This article is over 7 years, 6 months old
Issue 2411

Publicity image for Making Colour exhibition

Making Colour
National Gallery, London WC2N 5DN
£4 on the door/£2 online,
7 September

Making colour begins with a quote from the impressionist painter Renoir.  He said, “Without paints in tubes there would have been no Cezanne, no Monet, no Sisley or Pissarro, nothing of what journalists call impressionism.”

Throughout the exhibition, paintings are paired with the materials—rocks, metals, plants or beetles—that the colours were produced from. 

This helps us understand what a painting originally looked like—before pigments changed through time, or when gold leaf shimmered in candlelight instead of falling flat under halogen lamps.

But it’s also an opportunity to look at the history of art from a radically different perspective.

It draws on years of work by the National Gallery’s scientific department, lifting it from a gimmick to a genuinely fascinating exhibition. 

Each room tells the story of a different colour, leading up to the artistic innovations of the 19th century, which were made possible by the emerging chemical industry.

But, unfortunately, it also limits its scope.

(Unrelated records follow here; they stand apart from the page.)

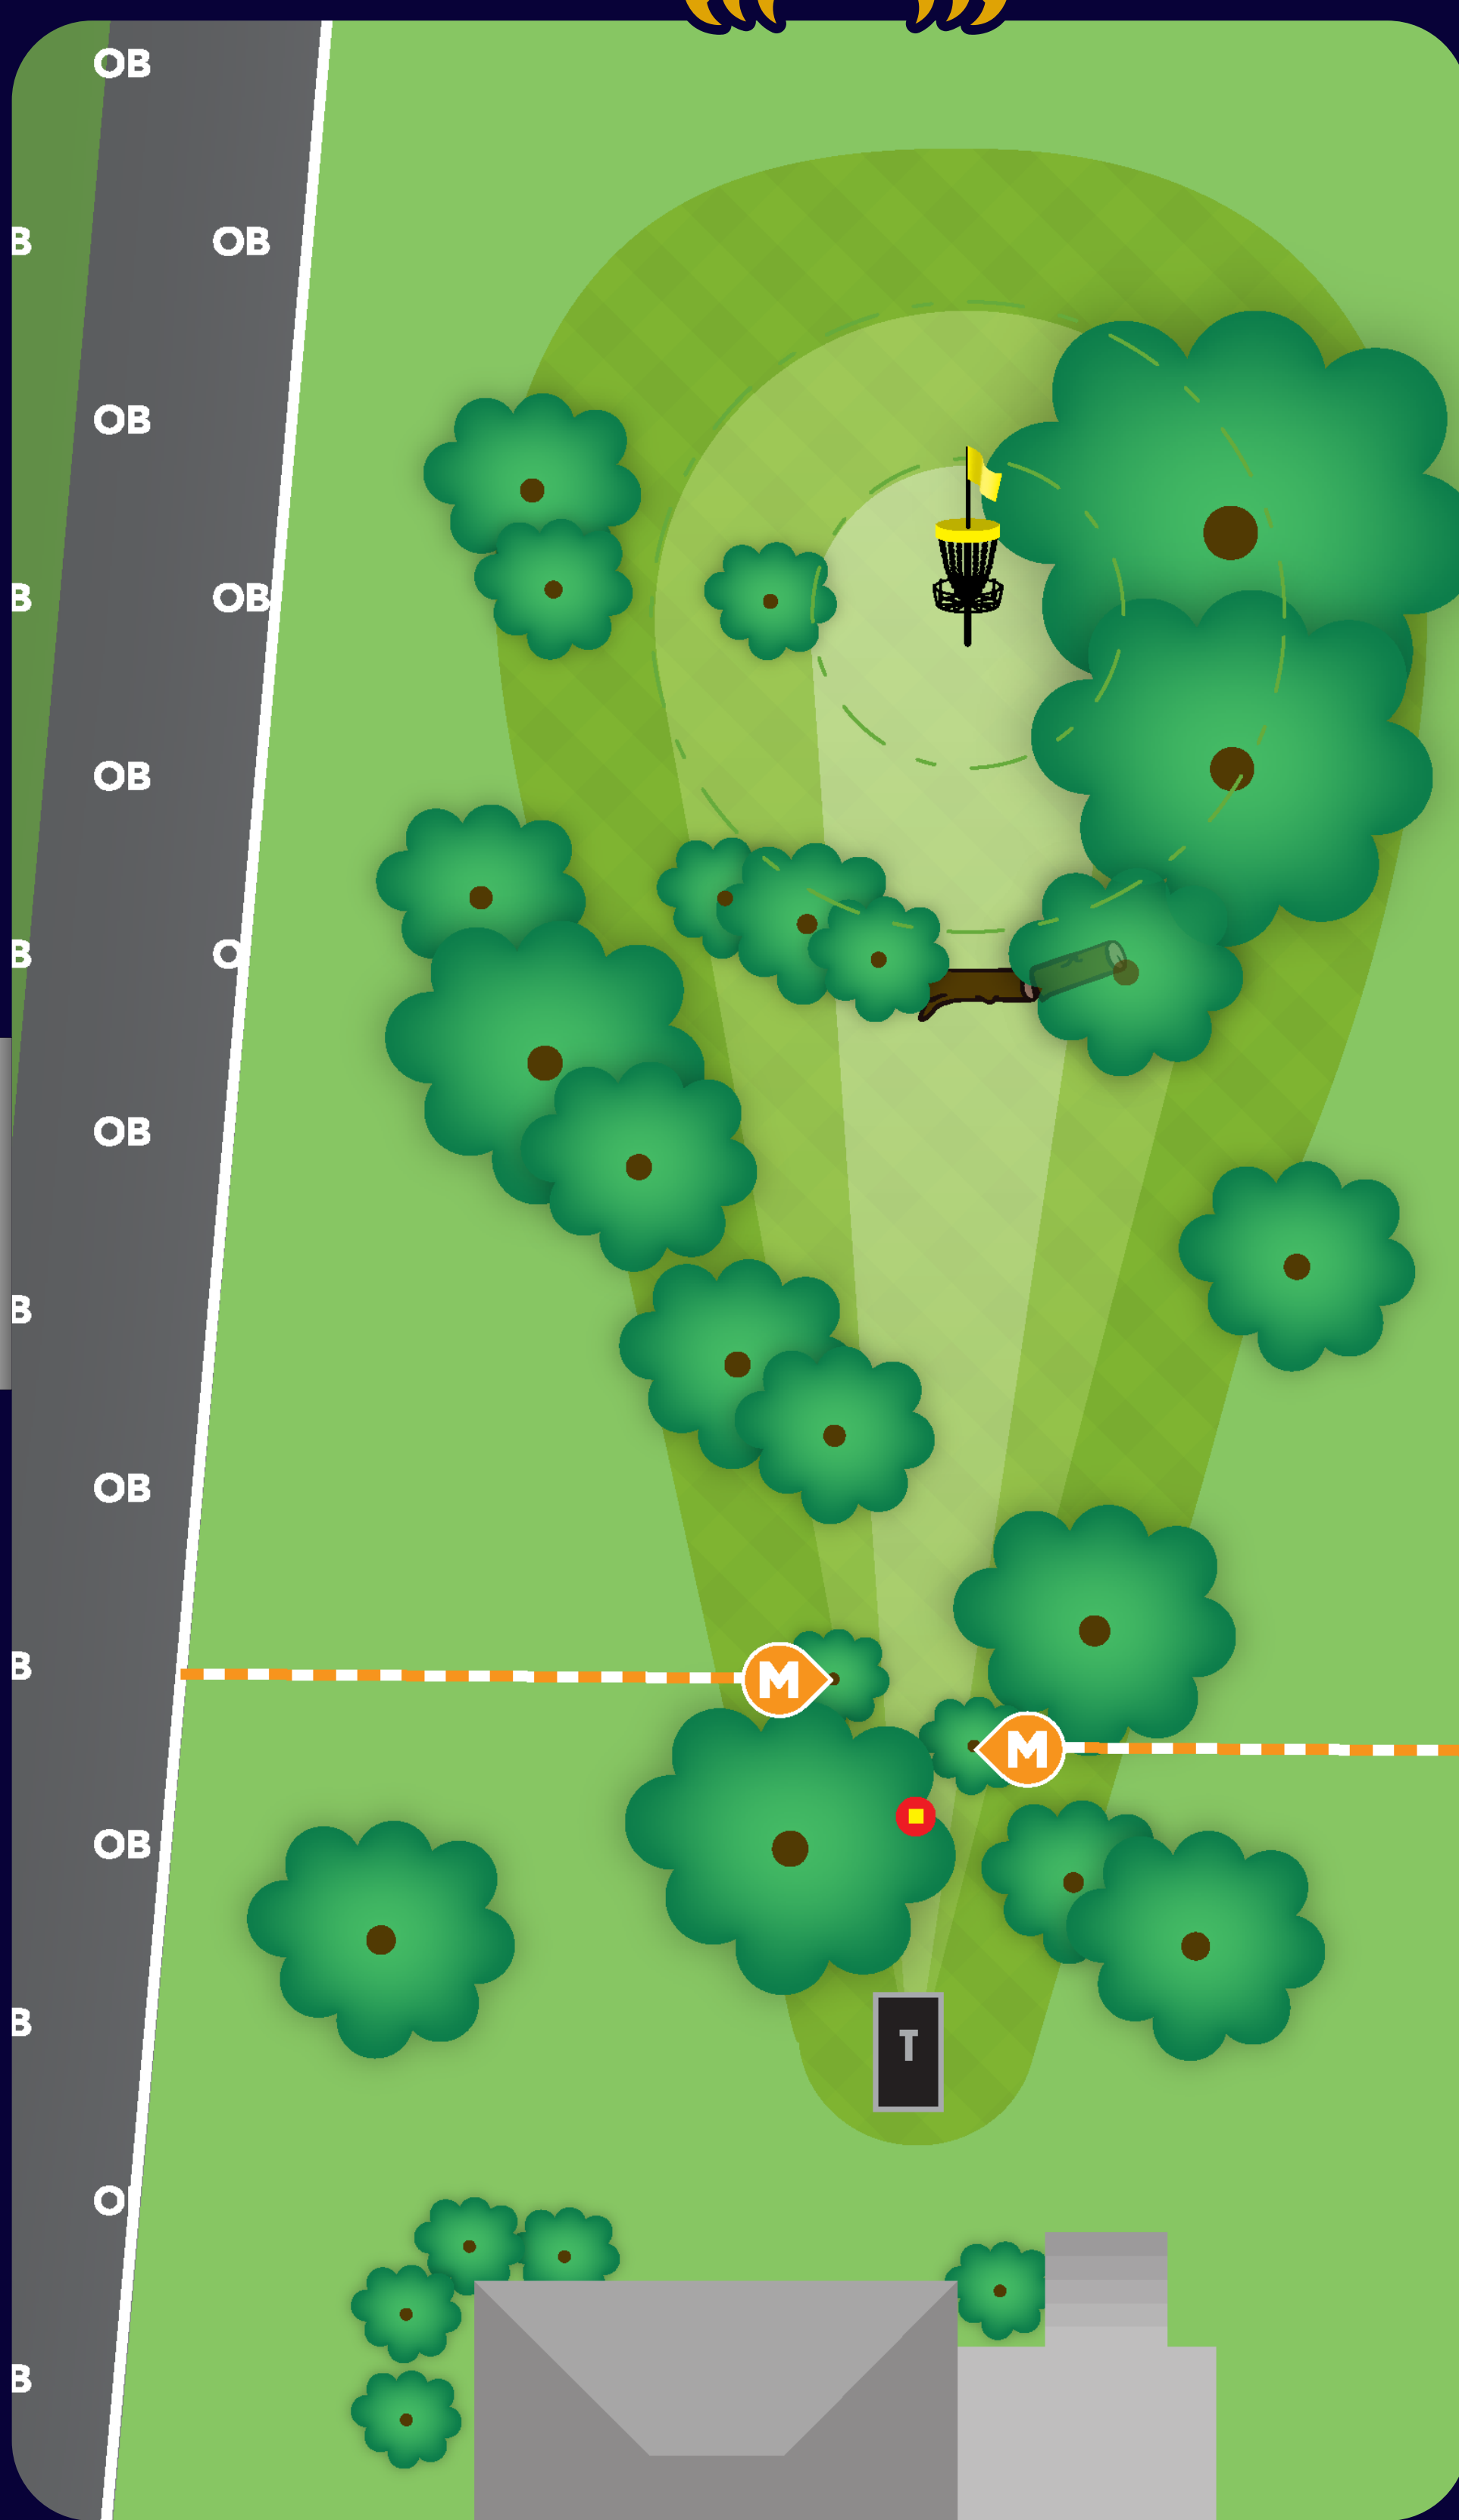

TPWDGC CADDIE GUIDE

2025 DRAFT

PDGA | MAJOR

WINTHROP ARENA

1

PAR

3

283 FEET
86 METERS

MARYLAND

Out of Bounds (Rule 806.02) - Marked by WHITE line left of fairway and beyond.

Mandatory (Rule 804.01) - Discs may not enter the restricted space to the right or left of marked trees in fairway.

Drop Spot for either missed mandatory marked in fairway near first mandatory.

There’s little about the ancient world and nothing about the 20th and 21st centuries. 

Yet the petrochemical and digital revolutions transformed the ways we use colour. 

The changes in materials and technologies are also presented as separate from the social upheavals that accompanied them.

This stops Making Colour from being able to claim to be a comprehensive history of colour. 

But it’s still a fascinating glimpse at the material roots of art at a price that makes it accessible to a wide audience.